Prepare Your NGS Result for NGCloud¶
Organize the result folder¶
A standard result folder is like:
job_tuxedo_minimal
├── 1_fastqc
│ ├── output
│ └── overall
├── 2_tophat_176
│ ├── output
│ └── run.log
├── 3_tophat_183
│ ├── output
│ └── run.log
│ (skip other stages) ...
└── job_info.yaml
Specify the job_info.yaml¶
File job_info.yaml follows YAML syntax, which stores how the NGS analysis pipeline is performed and the sample information. YAML is a human readable format to store natural data structure. The following is the YAML content of our minimal example:
1 2 3 4 5 6 7 8 9 10 11 12 | job_type: tuxedo
job_id: 9527
sample_list:
# TODO: accept conditions, sample_group
- SRR1027176_1:
pair_end: R1
- SRR1027176_2:
pair_end: R2
- SRR1027183_1:
pair_end: R1
- SRR1027183_2:
pair_end: R2
|
It specifies:
- job_type: pipeline that the NGS result is performed
- job_id: an auto-generated job ID. If that’s a custom result, type in a summary name for this job.

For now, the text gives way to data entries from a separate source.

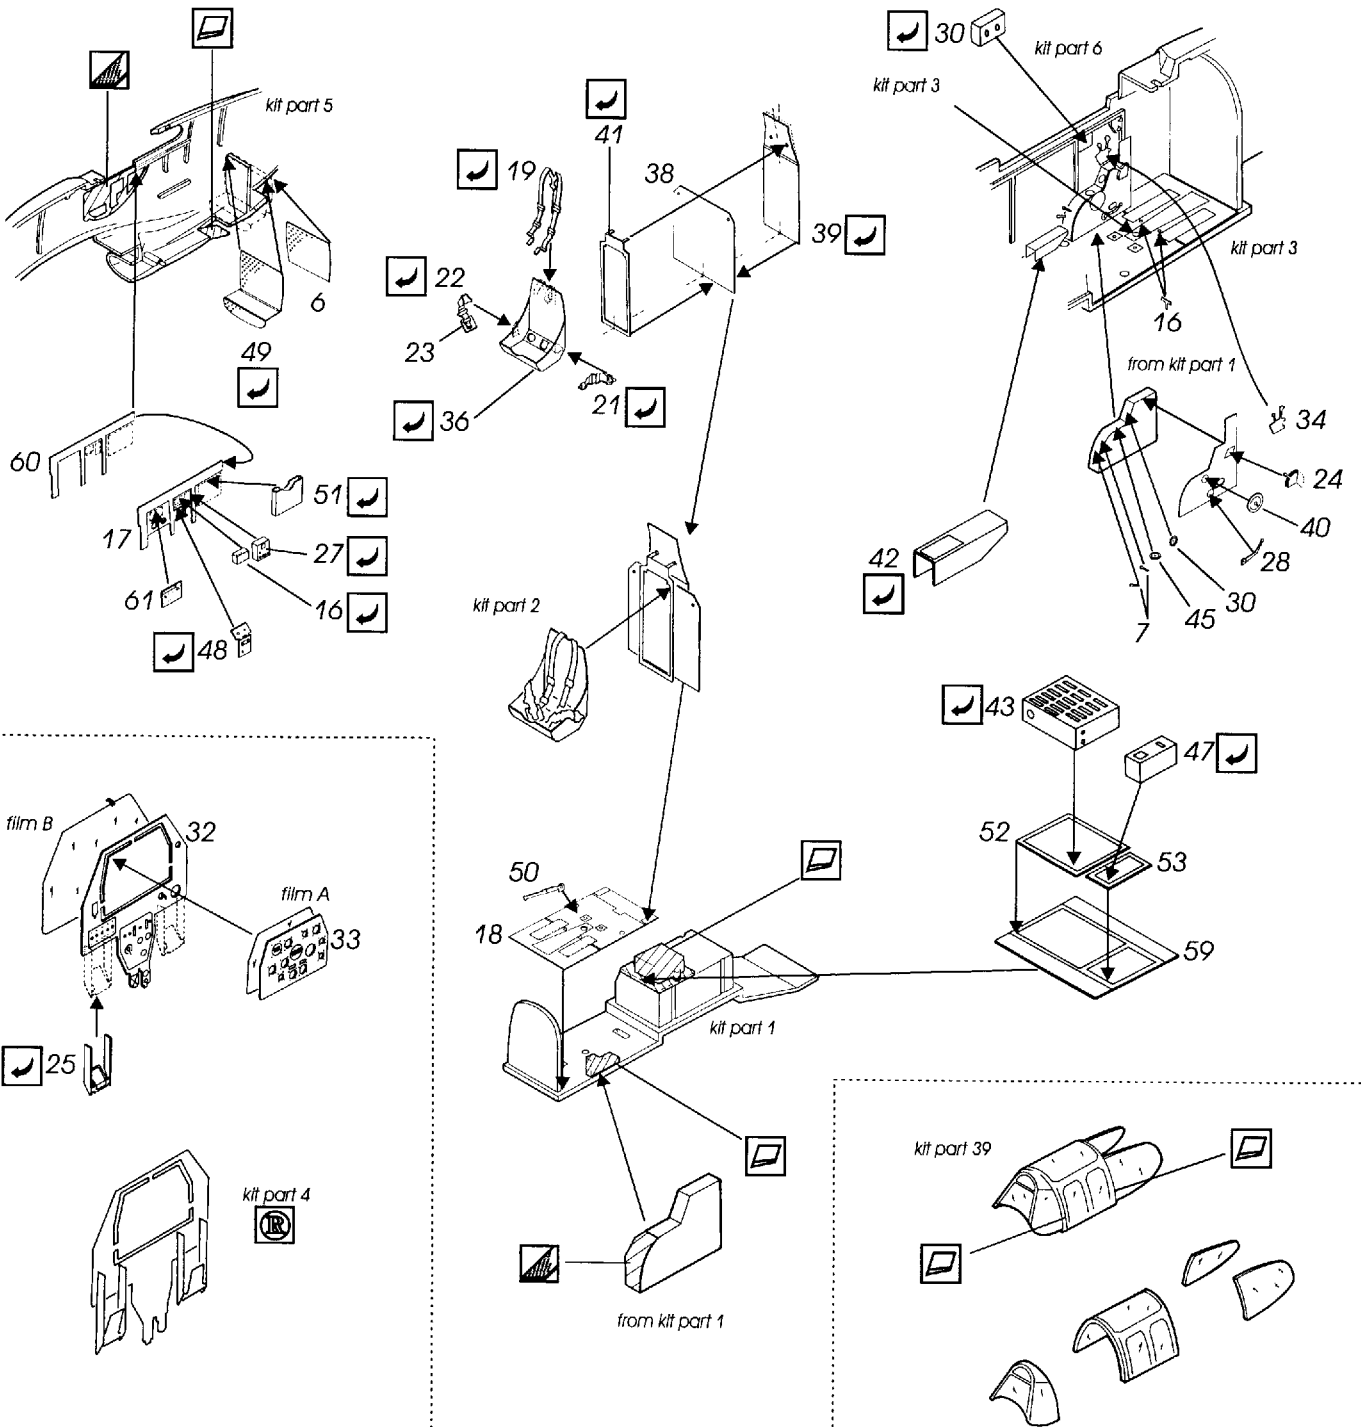

72 290

P-51B Mustang

1/72 scale detail set for Revell kit

-  OPPOSITE SIDE
-  REMOVE
-  BEND
-  REPLACE
-  GRIND
-  OPTION

A COCKPIT

B GUNSIGHT

C RADIATOR FLAP

D MAIN UNDERCARRIAGE

E TAIL UNDERCARRIAGE

F EXTERIOR PARTS

- sample_list: list of samples used in this job and their properties.
Sample list¶
Warning
Mind the format and indentation how a sample_list is specified.
sample_list:
- <sample_name>:
<property_A>: <value>
- <sample_name>:
<property_A>: <value>
<property_C>: <value>
A general sample_list structure is like the above example. Some properties may be shared across samples such as pair_end, while some may be unique for certain samples such as stranded. Only the specified properties will be defined.
Pair-end¶
For now, pair_end, the pair-end type of a sample, is highly recommended to be specified for all samples. If a sample is single-ended sequenced, set the value to False:
- single_end_sample:
pair_end: False
While for a pair-end sample, one needs to create separate records for both ends:
- a_pairend_sample:
pair_end: R1
- a_pairend_sample:
pair_end: R2
Of course, if only one end of a pair-end sample is used, only one record needs to be created.
To find out what properties can be set to a sample, see ngcloud.info.Sample for more info.
Note
Currently, there is nothing important but sample list to be specify in job_info.yaml. While as report templates evolve and use more arguments and information, there will be more requirements about the format.